We love formulas, don’t we. We convert currencies, units of measurement, and we software to convert complex digital files from one format to another. Nowadays we can even rely on software to translate languages back and forth instantly for us, and while it doesn’t always work great, it’s at least helpful.

So when it comes to eyesight, surely we can convert everything too!

I’m guessing you’re in one of two situations, if you’re looking to convert diopters and acuity.

Either:

  1. You have a glasses prescription and you want to know whether you have 20/40 or 20/200 vision, or
  2. You have an eye chart and you want to know what you prescription should be, based on what line you can read.

Ok, I’ll start out by appeasing you, and then I’ll tell you why it doesn’t work.

Some people have created believable-looking charts that match up diopters and acuity, such as this one for myopia:

Prescription in DioptersAcuity
-1.0020/40
-2.0020/80
-3.0020/150
-4.0020/300
-5.0020/400
-6.0020/500

Well, all right, that sure looks helpful.

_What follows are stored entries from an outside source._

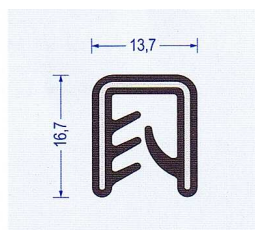

Art.-Nr. 2770003
schwarz
Klemmber. 6 - 8 mm
VE : 100 m Bund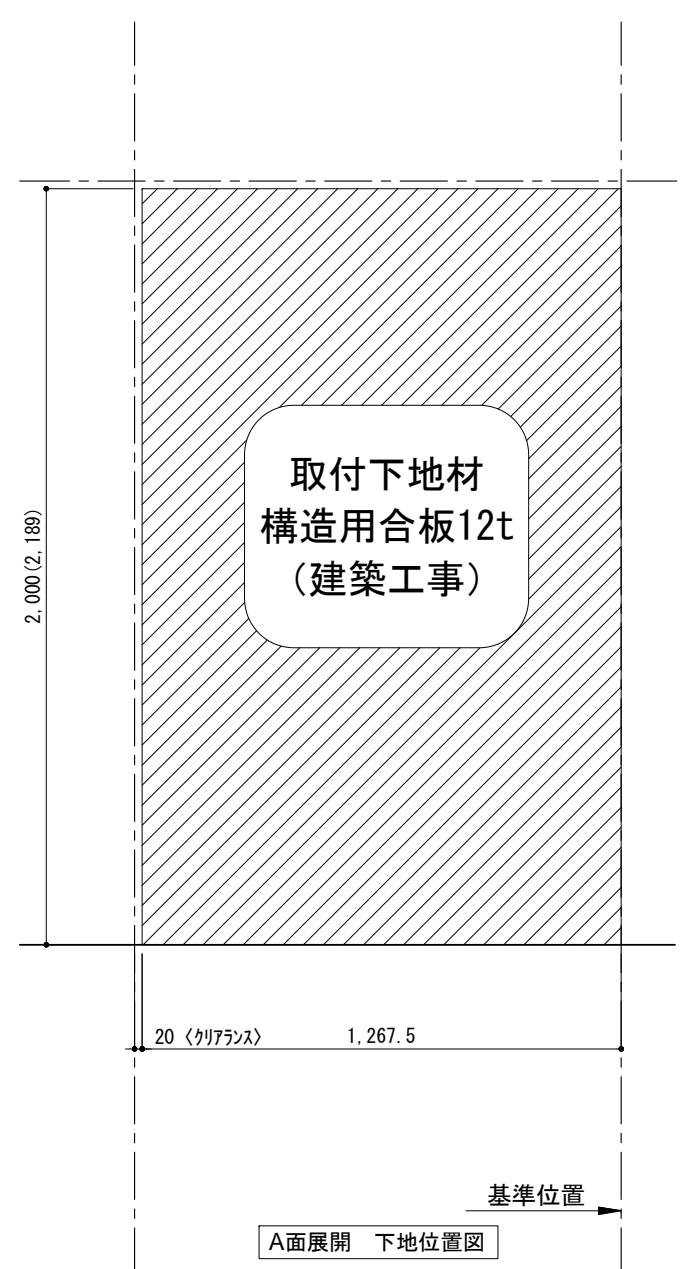

テンダーウォール tw-B2 TVボードセット(ボックスタイプ)+トール収納R 間口1300 高さ2000(2200) プラン図

番号	名称	数量
①	バックボード	1
②	バックボード コンセント開口LOW	1
③	バックボード エンド LR	1
④	クハシラオス	1
⑤	ローボード 天板 W900	1
⑥	ローボード ベースキャビネット W900 (900)	1
⑦	ローボード 台輪 W900	1
⑧	ローボード 扉 W470 (900)	1
⑨	ローボード 棚板 W856 (900)	1
⑩	ボックス	2
⑪	トップカバー W900 WE	1
⑫	片開きドアベースキャビ R	1
⑬	片開きドアキャビ R	1
⑭	化粧板	1
取付部品セット		1
⑮	キャビヨウラケット CL	2
⑯	キャビヨウラケット CR	2
取付部材各種		

床全面仕上げのこと

備考欄/NOTE
 1、仕様は改良のため予告なく変更することがあります。
 2、取付壁面全面下地のこと。
 3、()内寸法は、高さ2200の場合を示す。

改訂	年月	内容	改訂	年月	内容
4			9		
3			8		
2			7		
1	2016.02.02	図面名称変更	6		
0	2015.07.20	新規作成	5		

縮尺/SCALE	図面名称/TITLE	図面番号/NO.
1/20 (A3)	テンダーウォール tw-B2 TVボードセット(ボックスタイプ) +トール収納R 間口1300 高さ2000(2200) プラン図	000493-1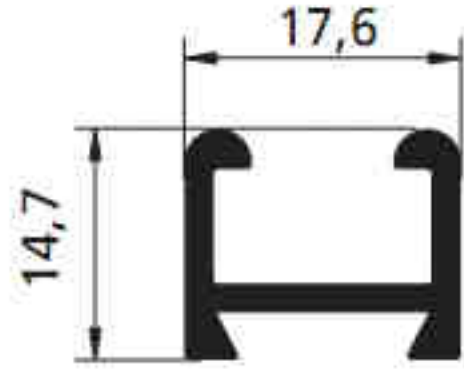

# SİSTEM®

Alüminyum San. ve Tic. A.Ş.

**1117** - 0.209 kg/m

**683** - 0.257 kg/m

**684** - 0.151 kg/m

**1227** - 0.212 kg/m

**682** - 0.216 kg/m

**680** - 0.293 kg/m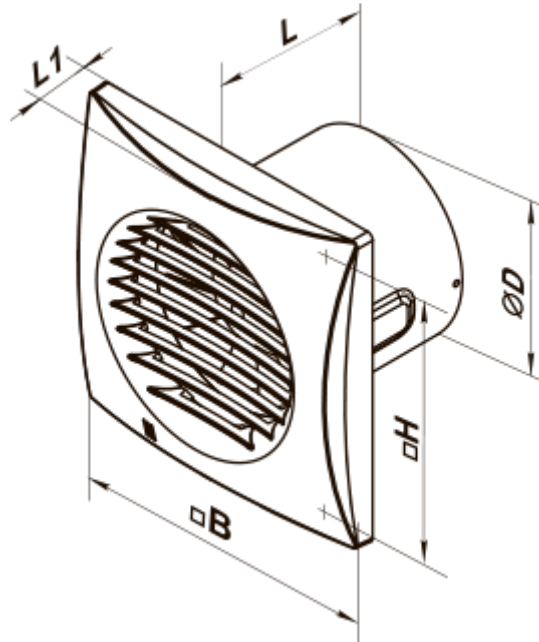

# Quiet-Mild 100 DC TP

Erneuerte Version der geräuscharmen Axialventilatoren mit DC-Motor und einem niedrigen Energiebedarf

- Max. Förderleistung: 101
- Schalldruckpegel LpA @ 3 m: 27
- Motortyp: DC
- Gehäusematerial: Plastic
- Rückströmungsschutz: Backdraft damper
- Bewegungssensor
- Timer: Turn off timer

	Maßeinheit	Quiet-Mild 100 DC TP	
Luftkanalgröße	mm	100	
Speed	-	2	
Versorgungsspannung min	V	220	
Versorgungsspannung max	V	240	
Frequenz der Netzversorgung	Hz	50/60	
Leistung	W	1.5	3.5
Stromaufnahme	A	0.063	0.137
Max. Förderleistung	m <sup>3</sup> /h	70	101
Drehzahl	-	1850	2650
Schalldruckpegel LpA @ 3 m	dB(A)	22	27
Gewicht	kg	0.55	
Ambientlufttemperatur, min	°C	1	
Ambientlufttemperatur, max	°C	40	
Schutzart	-	IP45	

## Abmessungen

ØD	B	H	L	L1
99	158	136	81	26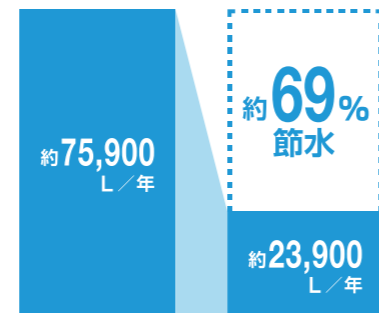

### ■ しっかりエコ

エコ

エコロジーでエコノミー。  
大切な水をムダなく賢く節約します。

大洗浄5L、小洗浄3.8Lの「超節水ECO5トイレ」。  
従来品\* (大13L) と比べ約**69%**の節水を実現。  
2日でおフロ1杯分以上(280L)節約できます。  
また、水道料金なら年間約**13,800円**もお得です。

※1989~2001年発売品

**ECO5**

従来品 (1989~2001年発売品) [大13L]  
ECO5便器 [大5L/小3.8L]

年間約 **13,800円** 節約できます。

[試算条件] 4人家族 (男性2人、女性2人) が大1回/人・日、小3回/人・日使用した場合で算出。[引用元] 省エネ・防犯住宅推進アプローチブック [単価] 上下水道: 265円/m<sup>3</sup> (税込)

(おフロ1杯を180Lで計算)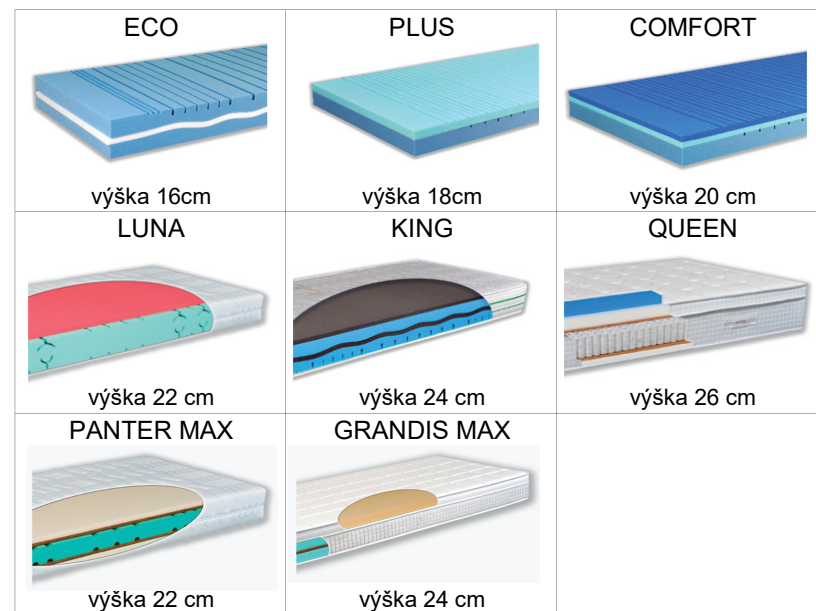

Matrace čalouněné látkami Bombay										
	Poločalouněné matrace				Celočalouněné matrace					
	Rovná 90x200 cm		Půlená rovná 2x45x200 cm		Rovná 90x200 cm		Půlená rovná 2x45x200 cm			
	obj. č.	cena	obj. č.	cena	obj. č.	cena	obj. č.	cena	obj. č.	cena
ECO	ZMB01KB	7 245,-	ZMB02KB	8 341,-	ZMB01CB	7 665,-	ZMB02CB	8 677,-		
PLUS	ZMB03KB	8 341,-	ZMB04KB	9 520,-	ZMB03CB	8 762,-	ZMB04CB	9 855,-		
COMFORT	ZMB05KB	9 941,-	ZMB06KB	11 203,-	ZMB05CB	10 360,-	ZMB06CB	11 627,-		

Matrace čalouněné látkou Verona										
	Poločalouněné matrace				Celočalouněné matrace					
	Rovná 90x200 cm		Půlená rovná 2x45x200 cm		Rovná 90x200 cm		Půlená rovná 2x45x200 cm			
	obj. č.	cena	obj. č.	cena	obj. č.	cena	obj. č.	cena	obj. č.	cena
ECO	ZMB01KV	8 694,-	ZMB02KV	10 008,-	ZMB01CV	9 197,-	ZMB02CV	10 411,-		
PLUS	ZMB03KV	10 008,-	ZMB04KV	11 424,-	ZMB03CV	10 514,-	ZMB04CV	11 828,-		
COMFORT	ZMB05KV	11 928,-	ZMB06KV	13 446,-	ZMB05CV	12 434,-	ZMB06CV	13 950,-		

Cena matrace 80x200 cm je stejná jako 90x200 cm
Cena matrace 2x40x200 cm je stejná jako 2x45x200 cm
Prodloužení matrace na 220 cm za příplatek 20 %

Matrace se zvýšenou nosností do 180kg:

- PANTER MAX
- GRANDIS MAX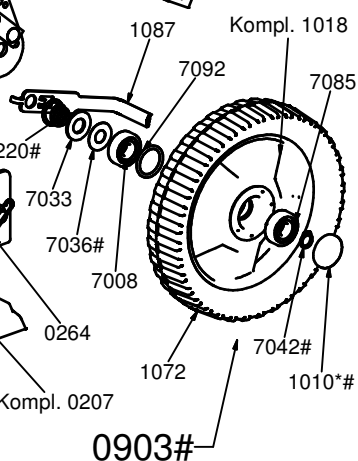

# Excellent S

From. Serial no. KA XX 100.000

Motor:  
Quantum XRQ 60 Ready start 12H8021706B1

### Motorbult

\* 0904 Sats med 4st 1010  
# 0903 Hjultillbehörsats

KLIPPO Olja  
7201

1945: Konsument  
1946: Pro

# Växellåda II hö komplett

From. Serian no. KA XX 100.000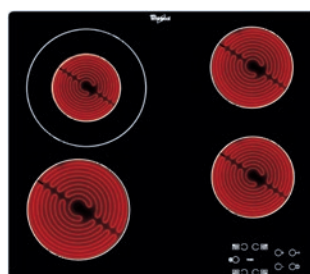

59 cm

**WS Q7360 NE**

Indukčná sklokeramická varná doska

- 4 indukčné zóny\*
- Dotykové ovládanie
- **Automatické funkcie 6. ZMYSEL:** Udržiavanie v teple, Rozpúšťanie, Zahusťovanie / Pomalé varenie, Uvedenie do varu
- 9 stupňov výkonu + Power Booster – maximálne rýchly ohrev na každej zóne
- Časovač každej zóny
- Vyhotovenie: bez rámu, je možné zabudovať do roviny s pracovnou doskou
- **Power Management** / Voliteľný príkon: 2,5; 4,0; 6,0 a 7,2 kW
- Odporúčané pripojenie k el. sieti: 230 V 1N ~ alebo 400V 3N ~ podľa zvoleného príkonu
- Rozmery (v × š × h): 54 × 590 × 510 mm
- Výrez (š × h): 560 × 480 mm

309 €

289 €

59 cm

**AKT 8190 BA**

Sálavá sklokeramická varná doska

- 4 rýchlovarné zóny, **1 dvojité, 1 dvojité oválna**
- Dotykové ovládanie
- 9 stupňov výkonu, časovač
- Vyhotovenie: fazetka – skosené všetky hrany
- Maximálny príkon: 6,3 kW
- Odporúčané pripojenie k el. sieti: 400V 3N ~
- Rozmery (v × š × h): 46 × 590 × 510 mm
- Výrez (š × h): 560 × 490 mm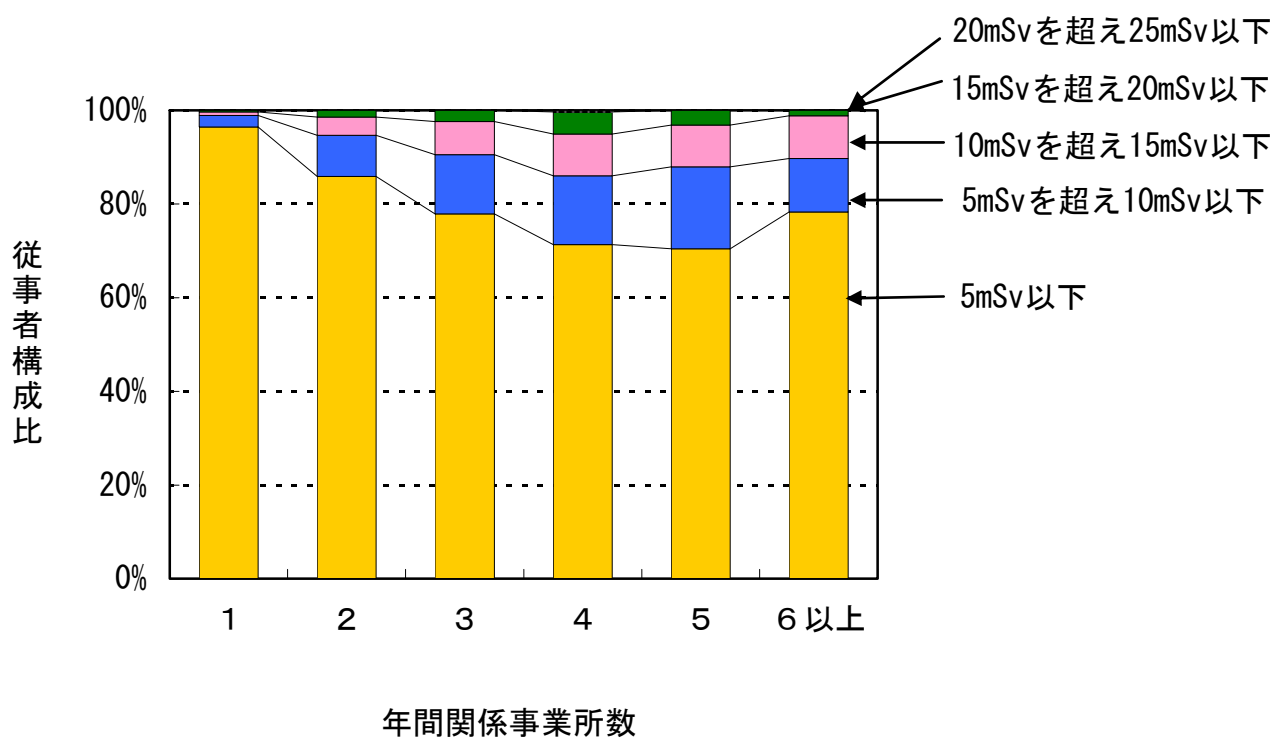

7. 放射線業務従事者の年間関係事業所数
及び線量に対する従事者構成比 [平成21年度]

* この図は「6. 放射線業務従事者の年間関係事業所数及び線量 [平成21年度]」の表を基に図化したものです。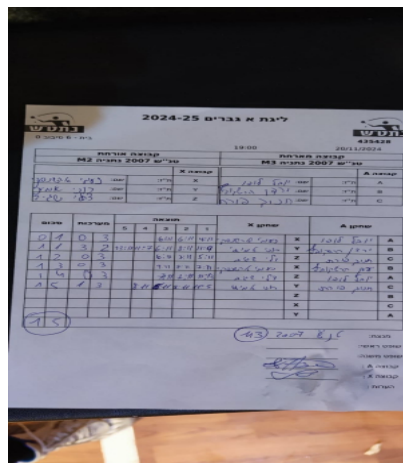

קבוצה אורחת			קבוצה מארחת		
טנ"ש 2007 נתניה M2			טנ"ש 2007 נתניה M3		
טנ"ש 2007 נתניה M2		קבוצה X	טנ"ש 2007 נתניה M3		קבוצה A
נעמי ארשנסקי	1669	X	יובל לופו	7607	A
רוני אמיתי	4104	Y	ירדן הרשקוביץ	10263	B
שגיב צהל	8521	Z	חנוך פורת	7570	C

סכום	מערכות	תוצאה					שחקן X		שחקן A			
		5	4	3	2	1						
0	1	0	3			6/11	6/11	4/11	נעמי ארשנסקי	X	יובל לופו	A
1	1	3	2	13/11	11/7	6/11	8/11	11/9	רוני אמיתי	Y	ירדן הרשקוביץ	B
1	2	0	3			6/11	7/11	5/11	שגיב צהל	Z	חנוך פורת	C
1	3	0	3			9/11	7/11	7/11	נעמי ארשנסקי	X	ירדן הרשקוביץ	B
1	4	0	3			7/11	7/11	11/13	שגיב צהל	Z	יובל לופו	A
1	5	1	3		8/11	6/11	9/11	11/5	רוני אמיתי	Y	חנוך פורת	C
									שגיב צהל	Z	ירדן הרשקוביץ	B
									נעמי ארשנסקי	X	חנוך פורת	C
									רוני אמיתי	Y	יובל לופו	A
1	5											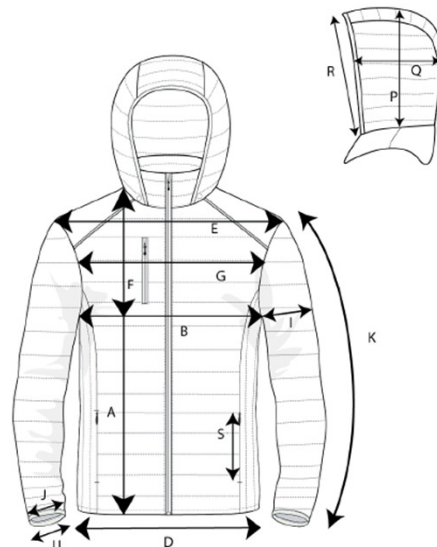

020976 – Hudson herre

Production Size Specification		XS	S	M	L	XL	XXL	3XL
Meas. descrpt.								
A	Body lenth HPS	67,00	69,00	71,00	73,00	76,00	79,00	82,00
B	1/2 Chest	49,00	52,00	55,00	58,00	62,00	66,00	70,00
D	1/2 Bottom relaxed	49,00	52,00	55,00	58,00	62,00	66,00	70,00

020977 – Hudson dame

Production Size Specification		XS/34	S/36	M/38	L/40	XL/42	XXL/44
Meas. descrpt.							
A	Bodylength HPS	63,00	65,00	67,00	69,00	71,00	73,00
B	1/2 chest	45,00	48,00	51,00	55,00	59,00	63,00
C1	HPS to waist position	40,00	41,00	42,00	43,00	44,00	45,00
C2	1/2 waist	41,00	44,00	47,00	52,00	56,00	61,00
D	1/2 bottom	47,00	50,00	53,00	58,00	62,00	67,00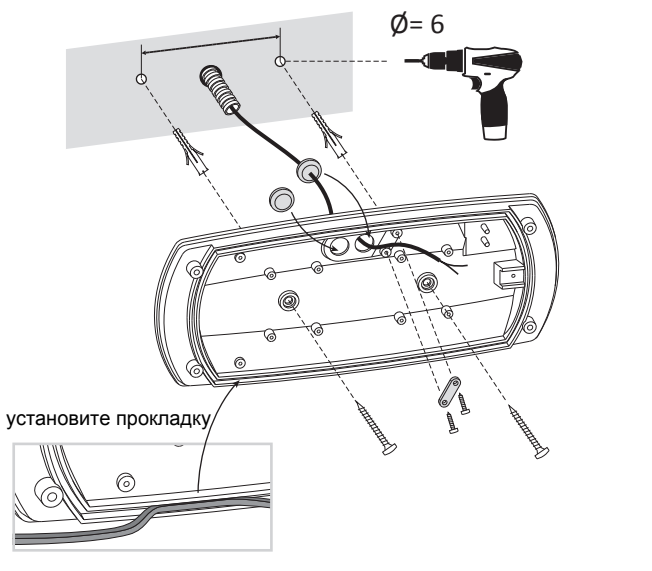

F ATTENTION! Les opérations de montage et d'entretien ne doivent être effectués que lorsque le courant électrique est coupé. Utiliser seulement des ampoules à économie d'énergie. Assurer le positionnement correct de le joint dans le diffuseur, afin de garantir le degré de protection IP. Fumagalli Srl n'accepte pas aucun responsabilité pour toutes les dommages causés par une mauvaise installation, par un' utilisation incorrecte or par l'utilisation des pièces de rechange qui ne sont pas originales. En cas de doutes, faites appel à un électricien qualifié. Conserver les instructions.

E PRECAUCIÓN! Lleve a cabo la instalación y mantenimiento tras cortar la tensión de la instalación eléctrica. Use únicamente lámparas de ahorro. Ajuste correctamente el aro con el difusor para asegurar la protección IP indicada en el producto. En cualquier caso Fumagalli Srl no aceptará responsabilidad alguna por instalación incorrecta, mal uso o por su uso con accesorios no originales del fabricante. En caso de duda consulte con un electricista cualificado. Guarde estas instrucciones.

And it’s not totally useless. For some people it will be about right.

For others, it will be way off.

For hyperopia, people often just try a few pairs of glasses on at the drug store and buy the pair that helps them read the book in their hands.

Converting these things are a bit like taking an average of how much weight a bodybuilder can lift based on his muscle size. There’s a relationship, but geez, there’s also some small guys with really dense, small muscles and an uncanny ability to pull a ridiculous amount of weight off the floor due to their training and muscle efficiency.

So it is with vision. Not so much to do with muscles, but the brain. Some other optical factors are at play too.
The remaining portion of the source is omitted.